Effect of Injection Fluid Properties on the Hydraulic Fracture Geometry: A Case Study from Texas

Panchal Y., Kholy SM., Loloi M., Mohamed IM., and Abou-Sayed, O.
Presented at Recent Adv Petrochem Sci. 2017; 3(5): 555621. DOI:10.19080/RAPSCI.2017.03.555621


Subsurface fractured injection (sometimes called cuttings re-injection, drill cuttings injection, or slurry injection) has been proven over the past decades to be the safest, most efficient, and the lowest-cost technology for disposal of certain kinds of oil and gas waste. This technology involves creating a hydraulic fracture in a subsurface injection formation followed by an intermittent process of pumping the slurrified waste into the fracture.
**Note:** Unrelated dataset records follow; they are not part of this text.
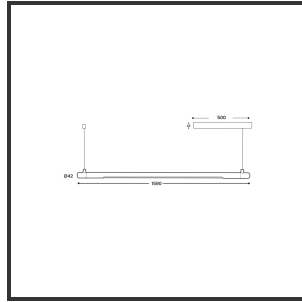

MAMBA STRIBE 150 PENDEL

2700K/CRI90 Dali 9005 9016

Beamangle	120	Kleur 2	RAL9016
CIE Flux Codes	49 80 95 99 100	Led type	SMD
CRI	90	Lumen Maintenance	L80B10 bij 50.000
Colour Deviation (SDCM)	3 sdcM	Lumen/W out of the chip	135lm/W
Colour Temperature	2700K	Luminous flux of luminaire	3500lm
Dim	Dali	Material Housing	Aluminium
Dimensions	Ø42x1590	Material Lens/Reflector/Diffusor	PMMA
Energy Efficiency Class	D	Max. connected Load	35W
Forward Voltage	42V	Mounting Type	Pendel
Frequency	50-60Hz	PF	0,98
IK	07	Protection Class	II
IP	IP33	Suspensie lengte	1,5m
Input current	350mA	Suspensiekabels	2
Kleur	RAL9005	UGR	<23
		Voltage	220-240V

Product Description

Ook de Mamba combineert de meest Lednlux herkenbare afrondingen die we elders terugvinden binnen ons gamma. Samen met een subtiële look en rechtlijnigheid. Een knap staaltje designwerk dat het best tot uiting komt als statement piece te midden van ieders interieur. Waar het hoofdzakelijk bij de mamba om draait zijn de modulaire magnetische koppelmodules die geïmplementeerd werden in elk onderdeel. Door dit in combinatie te plaatsen met een 48V systeem en de nieuwste led technologieën kregen wij de mogelijkheid om de stroomtoevoer zo laag te houden dat een slank ontwerp geen enkel ontwikkelingsprobleem met zich meebracht. Door de dynamiek tussen de magnetische koppelmodules kunnen alle onderdelen zowel 360° rond zijn als gedraaid worden als individueel horizontaal 180° gedraaid worden waardoor het einde het begin kan worden. Het configureren van een mamba armatuur gebeurt op geheel en enkel op jouw vraag. Van een strak armatuur boven je eettafel tot een samenstelling die resulteert in nagenoeg eindeloze combinatie mogelijkheden.

The objective of this study is to investigate the impact of changing the rheological properties of the slurrified waste on the hydraulic fracture geometry. The investigation was conducted in two main steps: first, using the geophysical information a geotechnical earth model was built to estimate the mechanical properties of different subsurface formations. This allowed the selection of a porous/permeable injection formation which is over-laid and under-laid by proper stress barriers. Second, a commercial 3-D fracture simulator (@Frac 3D) was used to study the impact of changing the rheological properties of the injection fluid such as viscosity, solids concentration, and injection rate on the geometry of the hydraulic fracture and net pressure. The results show that solids concentration, injection rate and fluid viscosity are proportional to the fracture width and net pressure.